**WORK REQUEST:**
Write out an exact copy of the line containing "All-Fiberglass Pultruded Detail" and all lines that follow it in the data below, leaving out pictures.

**GIVEN RECORDS:**
━━━━━━━━━━━━━━━━━━━━
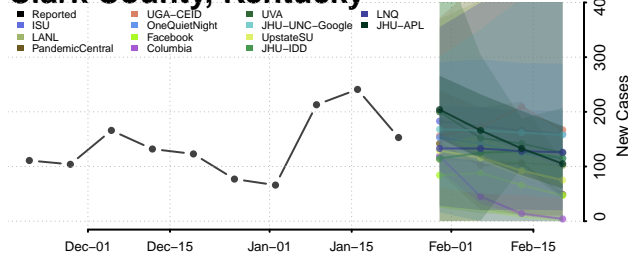

Carlisle County, Kentucky

Carroll County, Kentucky

Carter County, Kentucky

Casey County, Kentucky

Christian County, Kentucky

Clark County, Kentucky

Clay County, Kentucky

Clinton County, Kentucky
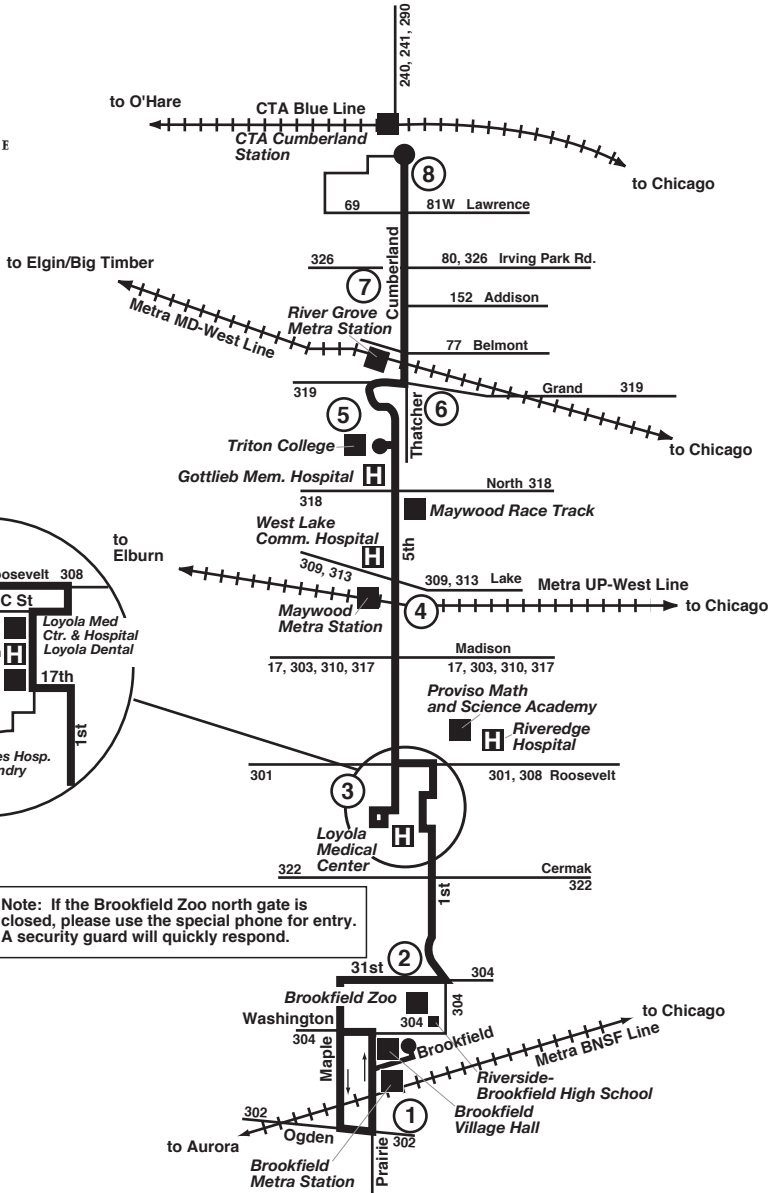

Route 331 Effective Date August 22, 2011

Note: If the Brookfield Zoo north gate is closed, please use the special phone for entry. A security guard will quickly respond.
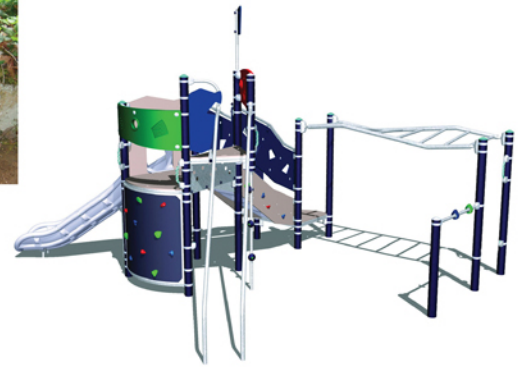

SECTION B

9th Ave rain garden

skate dot

open lawn

8' loop path

play channel

PLAY CHANNEL

Community Garden

Rain Garden

Council Ring

Play Channel

Secret Garden

Concrete inlays

Skate Dot

Play Equipment
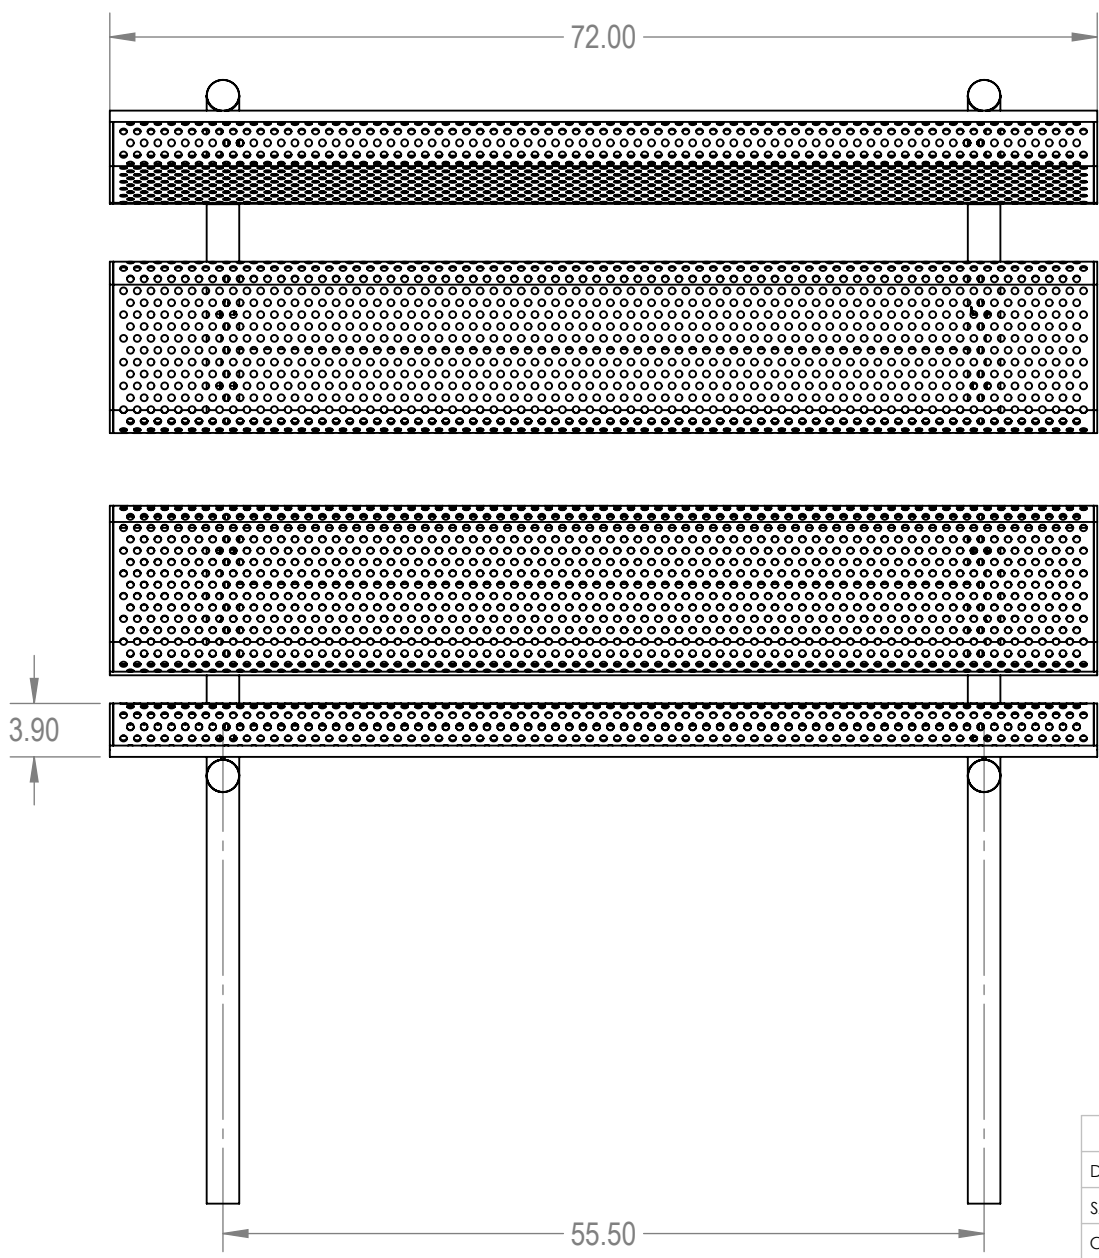

Model Numbers:  
 BRE06-B-19-000 - RHINO Coating  
 BRE06-D-19-000 - ELITE Coating

	NAME	DATE	<b>BRE06-BD-19-000</b>	
DRAWN	GM	2/8/2015	TITLE:	
SALES APPR.			6Ft Rolled Bench with Back	
CLIENT APPR.			InGround - Expanded Metal	
MFG APPR.			SIZE	DWG. NO.
Q.A.			<b>A</b>	BRE06-B-19-000
Design By -			WEIGHT:	REV
CADWorksPro Chicago, IL				1
www.cadworkspro.com				SHEET 3 OF 3
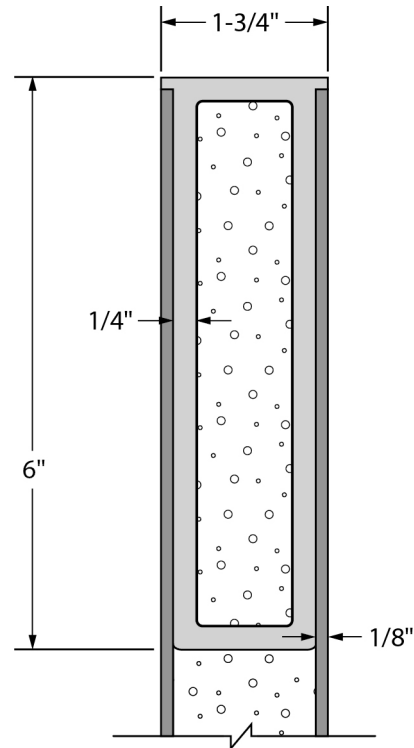

All-Fiberglass Pultruded Door Detail

Not to scale

Door Stile Edges

Top Rail

Standard Bottom Rail

Optional Flush Bottom Rail

All-Fiberglass Pultruded Door Detail

Not to scale

AF Fixed Louver Kit

1/4" AF Vision Lite Kit

5/8" AF Vision Lite Kit

1" AF Vision Lite Kit

All-Fiberglass Pultruded Detail

Not to scale
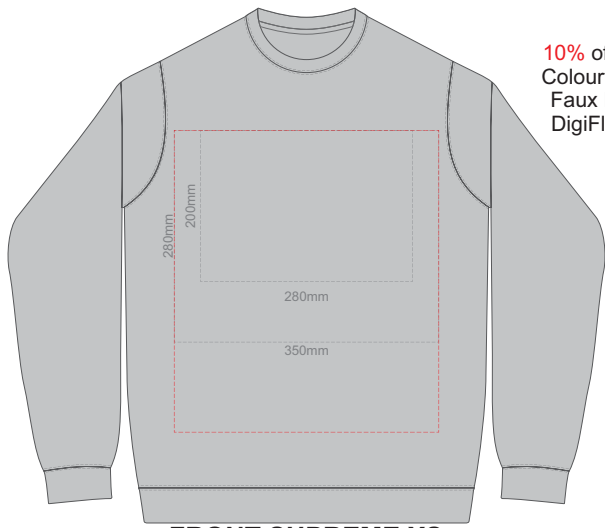

**BACK SUPREME MEDIUM**

**FRONT SUPREME LARGE**

10% of Actual Size  
Screen Print

**BACK SUPREME LARGE**

**FRONT SUPREME XL**

10% of Actual Size  
Screen Print

**BACK SUPREME XL**

10% of Actual Size  
Screen Print

**BACK SUPREME XXL**

10% of Actual Size  
Screen Print

**BACK SUPREME 3XL**

**FRONT SUPREME XXL**

**FRONT SUPREME 3XL**

**FRONT SUPREME 4XL  
BLACK ONLY**

10% of Actual Size  
Screen Print

**BACK SUPREME 4XL  
BLACK ONLY**

10% of Actual Size  
 Colourflex Transfer  
 Faux Embroidery  
 DigiFlex Transfer

**FRONT SUPREME XS**  
 Print area can be rotated to best suit.  
 Branding area can be moved anywhere within the red line.

**BACK SUPREME XS**  
 Print area can be rotated to best suit.  
 Branding area can be moved anywhere within the red line.

10% of Actual Size  
 Colourflex Transfer  
 Faux Embroidery  
 DigiFlex Transfer
━━━━━━━━━━━━━━━━━━━━
**RESPONSE:**
All-Fiberglass Pultruded Detail

Not to scale

**BACK SUPREME MEDIUM**

**FRONT SUPREME LARGE**

10% of Actual Size  
Screen Print

**BACK SUPREME LARGE**

**FRONT SUPREME XL**

10% of Actual Size  
Screen Print

**BACK SUPREME XL**

10% of Actual Size  
Screen Print

**BACK SUPREME XXL**

10% of Actual Size  
Screen Print

**BACK SUPREME 3XL**

**FRONT SUPREME XXL**

**FRONT SUPREME 3XL**

**FRONT SUPREME 4XL  
BLACK ONLY**

10% of Actual Size  
Screen Print

**BACK SUPREME 4XL  
BLACK ONLY**

10% of Actual Size  
 Colourflex Transfer  
 Faux Embroidery  
 DigiFlex Transfer

**FRONT SUPREME XS**  
 Print area can be rotated to best suit.  
 Branding area can be moved anywhere within the red line.

**BACK SUPREME XS**  
 Print area can be rotated to best suit.  
 Branding area can be moved anywhere within the red line.

10% of Actual Size  
 Colourflex Transfer  
 Faux Embroidery  
 DigiFlex Transfer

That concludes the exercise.